Guinea flathead
- Conservation status: Least Concern (IUCN 3.1)

Scientific classification
- Kingdom: Animalia
- Phylum: Chordata
- Class: Actinopterygii
- Order: Perciformes
- Family: Platycephalidae
- Genus: Solitas Imamura, 1996
- Species: S. gruveli
- Binomial name: Solitas gruveli (Pellegrin, 1905)
- Synonyms: Platycephalus gruveli Pellegrin, 1905 ; Grammoplites gruveli (Pellegrin, 1905) ; Thysanophrys gruveli (Pellegrin, 1905) ;

= Guinea flathead =

- Authority: (Pellegrin, 1905)
- Conservation status: LC
- Parent authority: Imamura, 1996

Species of fish

The Guinea flathead (Solitas gruveli) is a species of marine ray-finned fish belonging to the family Platycephalidae, the flatheads. It is found in the eastern Atlantic Ocean along the western coast of Africa. This species is the only known member of the genus Solitas. It is also the only flathead species which has a natural distribution which lies outside of the Indo-Pacific.

==Taxonomy==
The Guinea flathead was first formally described as Platycephalus gruveli in 1905 by the French zoologist Jacques Pellegrin with its type locality given as Guet N'Dar in Mauritania. In 1996 Hisashi Imamura classified the Guinea flathead within a new monotypic genus Solitas. This taxon is classified within the family Playtcephalidae, the flatheads which the 5th edition of Fishes of the World classifies within the suborder Platycephaloidei in the order Scorpaeniformes.

==Etymology==
Solitas, the genus name, is derived from the Latin solitarius, meaning "alone", an allusion to this being the only flathead to have its range entirely outwith the Indo-West Pacific. The specific name honours the biologist Jean Abel Gruvel, the collector of the type specimen.

==Description==
The Guinea flathead attains a maximum published total length of 20 cm, although 18 cm is more typical.

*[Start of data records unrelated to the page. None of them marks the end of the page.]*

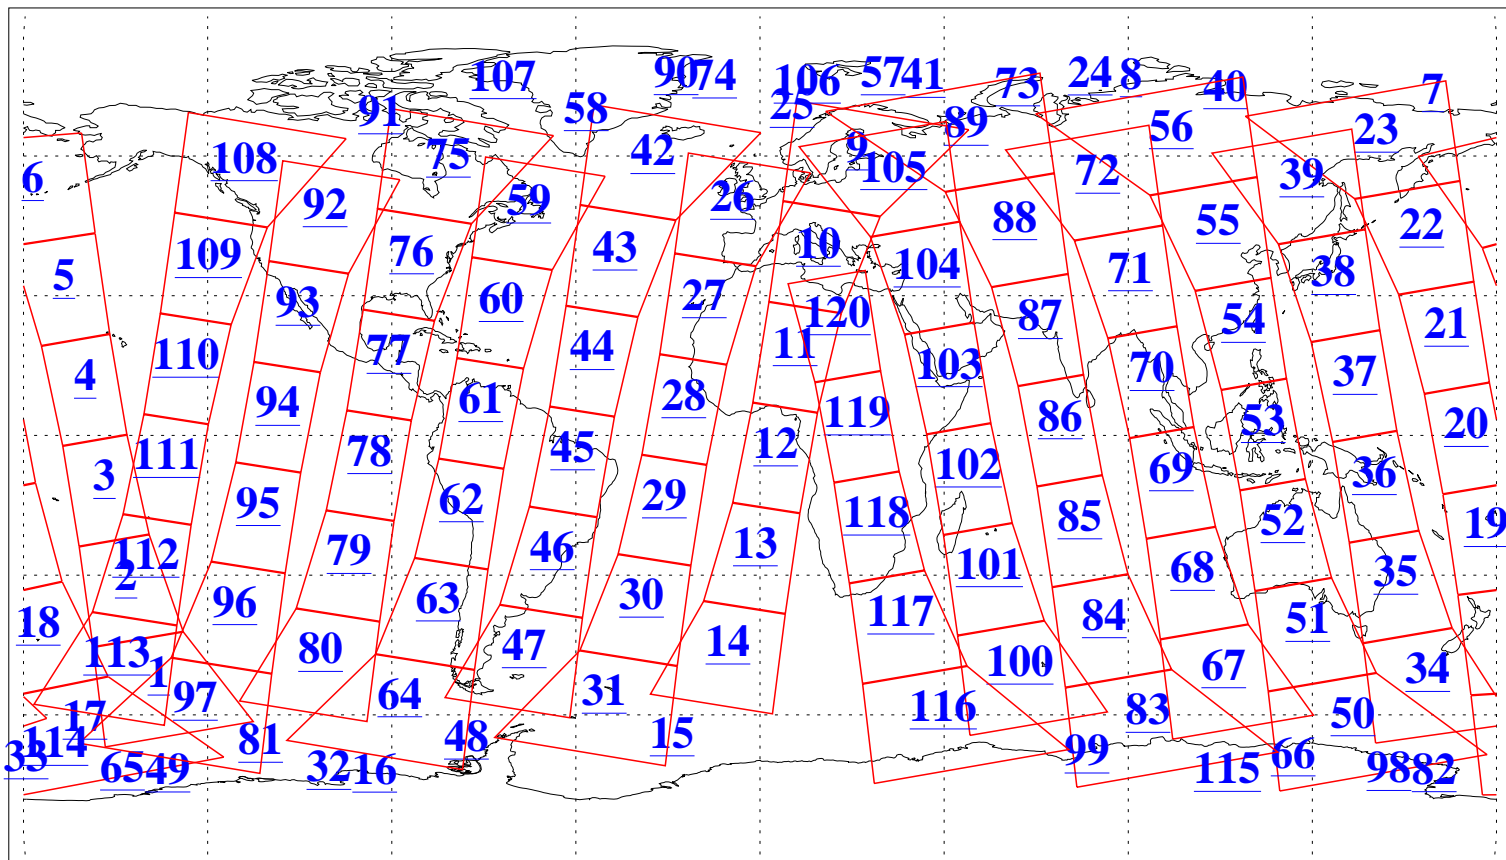

L1B Availability  
AMSU Granules: 240  
HSB Granules: 0  
AIRS Granules: 240

22 Feb 2004  
DoY 53  
Aqua Day 659  
Granules: 1 to 120

Granules: 121 to 240

Legend: AMSU Available, HSB Available, AIRS Available

L1B Availability  
AMSU Granules: 240  
HSB Granules: 0  
AIRS Granules: 240

22 Feb 2004  
DoY 53  
Aqua Day 659

Ascending Granules

Descending Granules

Legend: AMSU Available, HSB Available, AIRS Available

L1B Availability  
 AMSU Granules: 240  
 HSB Granules: 0  
 AIRS Granules: 240

22 Feb 2004  
 DoY 53  
 Aqua Day 659

Northern Hemisphere Granules

Southern Hemisphere Granules

Legend: AMSU Available, HSB Available, AIRS Available

==Distribution, habitat and biology==
The Guinea flathead is found in the tropical eastern Atlantic Ocean from Mauritania south to Angola, including São Tomé e Principe. It is found at depths between 20 and 200 m in shallow coastal waters with sand and mud substrates, It feeds on fishes and crustaceans.

==Fisheries==
The Guinea flathead is fished for mainly by bottom trawls. Te catch is mainly sold fresh and or as salted fish in local markets, it is also processed to make fish meal by offshore fleets.